40 yaşında renkli pantolon giyen erkek

  • türk insanının en büyük sorunu bu. evet evet, yanlış okumadığınız. türk insanının en büyük sorunu bu. bir başkasının dinine, giyimine kuşamına, cinsel yönelimine, yaşam tarzını kendi değer ve ahlakına göre yargılayıp eleştirmek ve müdahalede bulunmak, türk insanının en büyük sorunu.

    40 yaşında bir adam düşünün. masmavi bir pantolon giymiş olsun. bu adamın kendi halinde var olduğu sürece sana ne gibi bir zararı var? hiç. bak yine söylüyorum. hiç.

    istediğim gibi giyinirim. istediğim adamla sevişirim. istersem saçlarımı kısacık keser, istersem de maviye boyarım. bunların sana ne zararı var? hiç. bak yine söylüyorum. hiç.

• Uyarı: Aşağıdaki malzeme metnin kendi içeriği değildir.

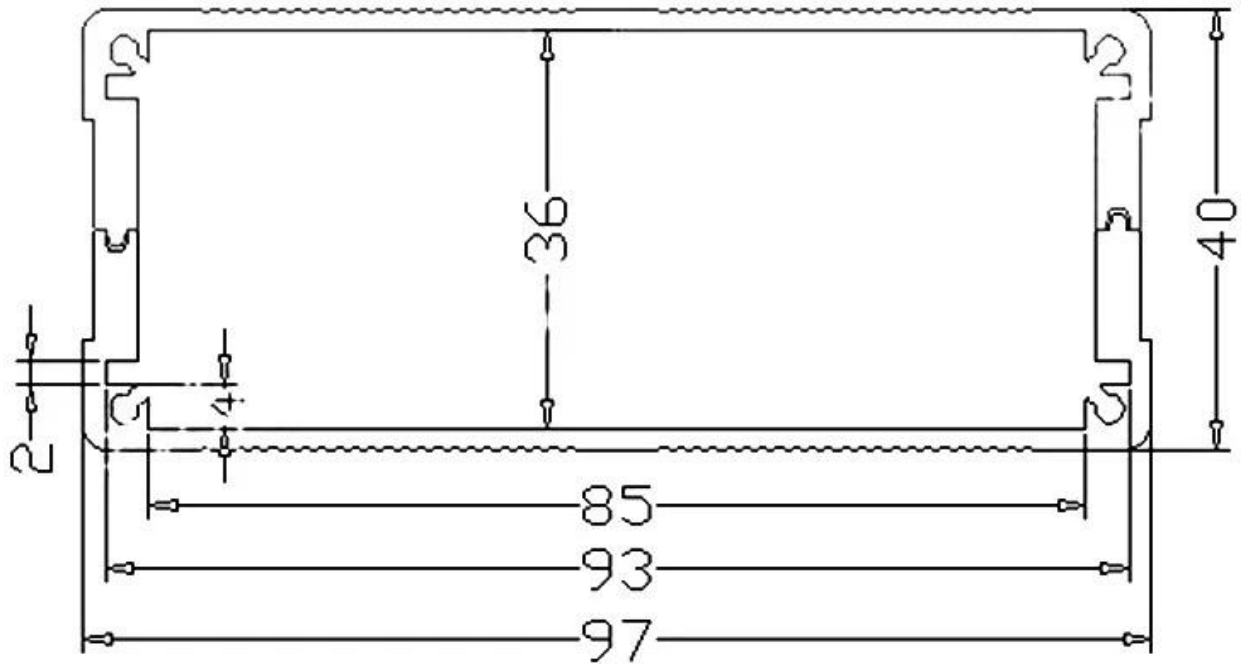

China high quality seperated series 120X97X40mm aluminum enclosuer

High quality enclosure show:

SZOMK

*Customizable
Cutout, sticker
Silkscreen, color*

Weight: 278g

Size: 40*79*120mm

Model No. AK-C-C1

1.57*3.11*4.72 inch

SZOMK

*Customizable
Cutout, sticker
Silkscreen, color*

Weight: 278g

Size: 40*79*120mm

Model No. AK-C-C1

1.57*3.11*4.72 inch

SZOMK

Customizable
Cutout, sticker
Silkscreen, color

Weight: 278g

Size: 40*79*120mm

Model No. AK-C-C1

1.57*3.11*4.72 inch

SZOMK

*Customizable
Cutout, sticker
Silkscreen, color*

Weight: 278g

Size: 40*79*120mm

Model No. AK-C-C1

1.57*3.11*4.72 inch

Type	Seperated aluminum enclosure
Model No.	AK-C-C1
Size	120X97X40mm
Color	Black & Customized other colors
Weight	278g

We are pleased to offer you:

- 1 Drilling, punching, etc.
- 2 Cutout, screen printing, laser engraving, stickers and so on
- 3 Short delivery time, usually 3-5 days after payment (according to the number)
- 4 For an accepted response to your inquiry
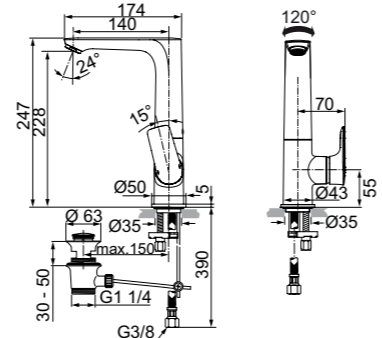

CONNECT AIR

HIGH SPOUT BASIN MIXER

MODEL	CHROME	SILVER STORM	BRUSHED GOLD	MAGNETIC GREY
With Pop-up Waste	A7020AA	A7020GN	A7020A2	A7020A5
Without Pop-up Waste	A7023AA	A7023GN	A7023A2	A7023A5

- Swivelling high cast spout single lever basin mixer
- Pop-up waste on A7020 models
- 5 litres per minute aerator
- Metal escutcheon
- Noise class 1
- EasyFix®

VESSEL MIXER

MODEL	CHROME	SILVER STORM	BRUSHED GOLD	MAGNETIC GREY
With Pop-up Waste	A7025AA	A7025GN	A7025A2	A7025A5
Without Pop-up Waste	A7027AA	A7027GN	A7027A2	A7027A5

- Single lever vessel mixer
- Pop-up waste on A7025 models
- 5 litres per minute aerator
- Metal escutcheon
- Noise class 1
- EasyFix®
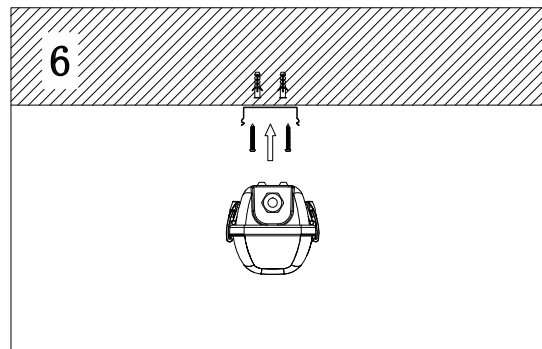

BAWATY - _____ - _____
POWER
CONTROL TYPE

POWER		CONTROL TYPE	
Code	Description	Code	Description
6W	1 pcs x 2feet 6W LED T5 or LED T8	SW	ON/OFF Switch
8W	1 pcs x 2feet 8W LED T5 or LED T8	ELV	ELV Leading Edge Control
9W	1 pcs x 2feet 9W LED T5 or LED T8	AN	1-10V Dimming
10W	1 pcs x 2feet 10W LED T5 or LED T8	DA	DALI Dimming
14W	1 pcs x 4feet 14W LED T5 or LED T8	DMX	DMX Dimming
14W	1 pcs x 4feet 14W LED T5 or LED T8	RDM	RDM Dimming
16W	1 pcs x 4feet 16W LED T5 or LED T8	EM	Emergency Battery
18W	1 pcs x 4feet 18W LED T5 or LED T8	ZI	ZIGBEE Wireless Control
20W	1 pcs x 4feet 20W LED T5 or LED T8		
22W	1 pcs x 5feet 22W LED T5 or LED T8		
25W	1 pcs x 5feet 25W LED T5 or LED T8		
28W	1 pcs x 5feet 28W LED T5 or LED T8		
30W	1 pcs x 5feet 30W LED T5 or LED T8		
12W	2 pcs x 2feet 6W LED T5 or LED T8		
16W	2 pcs x 2feet 8W LED T5 or LED T8		
18W	2 pcs x 2feet 9W LED T5 or LED T8		
20W	2 pcs x 2feet 10W LED T5 or LED T8		
24W	2 pcs x 4feet 12W LED T5 or LED T8		
28W	2 pcs x 4feet 14W LED T5 or LED T8		
32W	2 pcs x 4feet 16W LED T5 or LED T8		
36W	2 pcs x 4feet 18W LED T5 or LED T8		
40W	2 pcs x 4feet 20W LED T5 or LED T8		
44W	2 pcs x 5feet 22W LED T5 or LED T8		
50W	2 pcs x 5feet 25W LED T5 or LED T8		
56W	2 pcs x 5feet 28W LED T5 or LED T8		
60W	2 pcs x 5feet 30W LED T5 or LED T8		

Beam Angle

1*18W

2*18W

Technical Drawing

Single Type:

655 / 1265 / 1565

Twin Type:

655 / 1265 / 1565

Unit: mm

Fixture Type: LED Waterproof Single Batten

*For more details, refer to data sheet.

Fixture Type: LED Waterproof Twin Batten

*For more details, refer to data sheet.
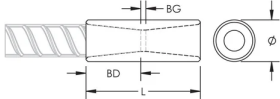

Designed to Meet: AASHTO;ABNT NBR 8548:1984;ACI 318 Type 1 (125% Specified Yield);ACI 318 Type 2 (Specified Tensile);ACI 349;ACI 359;AS3600

Package Quantity: 285

ADDITIONAL PRODUCT DETAILS

Bar dimensions and weights listed may vary by region. Coupler sizes not shown may be available by special order. Contact your nVent LENTON representative for more information.

DIAGRAMS

WARNING

nVent products shall be installed and used only as indicated in nVent's product instruction sheets and training materials. Instruction sheets are available at www.nvent.com and from your nVent customer service representative. Improper installation, misuse, misapplication or other failure to completely follow nVent's instructions and warnings may cause product malfunction, property damage, serious bodily injury and death and/or void your warranty.

North America

+1.800.753.9221

Option 1 – Customer Care

Option 2 – Technical

Support

Europe

Netherlands:

+31 800-0200135

France:

+33 800 901 793

Europe

Germany:

800 1890272

Other Countries:

+31 13 5835404
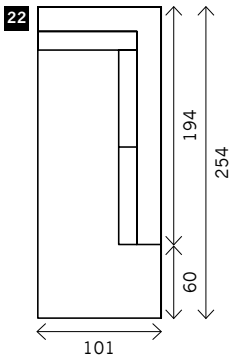

GOMEZ

Width arms: 20 cm

Height legs: 13 cm

Sitting height: ca. 43 cm

Total height: ca. 90 cm

Total depth: ca. 101 cm

Legs: black metal

2 arms

Arm L/R

Without arms

Loveseat

Corner

Poof

Meridienne L/R

Longchair L/R

Examples corner sofa's

Combination 1
4 seat arm L/R (16)
+ Meridienne L/R (23)

Combination 2
3 seat arm L/R (12)
+ Longchair L/R (24)

Combination 3
2,5 seat arm L/R (10)
+ Longchair L/R (25)
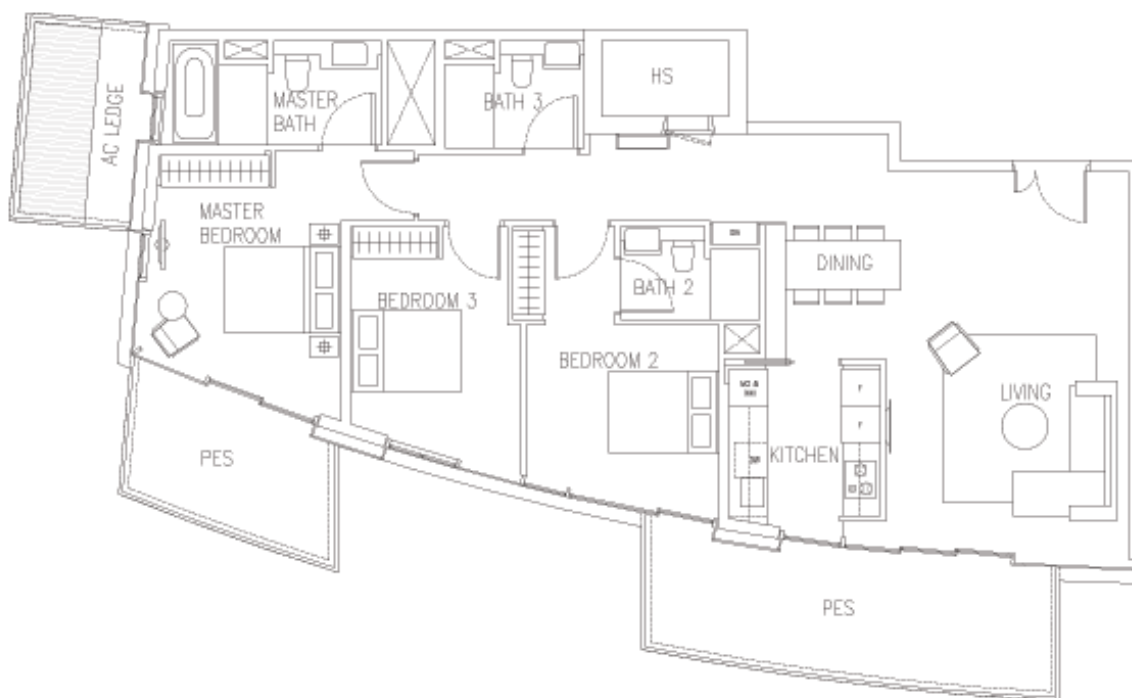

UNIT #04-02

UNIT #03-02

UNIT #02-02

UNIT #01-02

3-BEDROOM (DELUXE)

TYPE C2c

135 sqm to 146 sqm [1453 sq ft to 1572 sq ft]

UNIT #09-31

UNIT #08-31

UNIT #07-31

UNIT #06-31

UNIT #05-31

UNIT #04-31

UNIT #03-31

UNIT #02-31

UNIT #01-31

    bir adam başka bir adama aşık olabilir.
    bir kadın başka bir kadınla sevişebilir.
    70 yaşındaki bir teyze tırnaklarına oje sürebilir.
    bir kadın saçlarını kısacık kestirme hakkına sahiptir.
    bir erkek istediği renkte pantolon giyebilir.
    bir erkek isterse saçlarını pembe boyayabilir.
    bir insan, içinde bulunduğu bedenin cinsiyetine ait hissetmediği için bunu değiştirebilir.
    kimse bir tanrıya inanmak zorunda değildir.
    60 yaşındaki bir amca liseli kostümüyle bir partiye katılabilir.
    bir kadın istemiyorsa evlenmek zorunda değildir.
    bir erkek, eşi çalışırken evde kalıp çocuklara bakabilir.
    herkesin yaşamı kendisine aittir.

    rahat bırakın başkalarını. size hiçbir zararı olmayan insanları rahat bırakın.

    sen şimdi türkiye'de doğdun diye, erkeklerin çoğu "ciddi" pantolonlar giyiyor diye bunu doğru ve geçerli mi sandın? ya japonya'da doğsaydın? erkeklerin bir kısmının saçlarını boyayıp kaşlarını tıraş ettiği bir ülke olan japonya'da doğsaydın ne olacaktı?

    kendi halinde varlığını sürdüren herhangi bir insanın hiç kimseye herhangi bir zararı yoktur. durduk yere insanlara sinir olup nefret kusuyorsanız bir psikolog ile acilen görüşmenizi öneriyorum. önyargılarınız sağduyunuzu kör ediyor çünkü.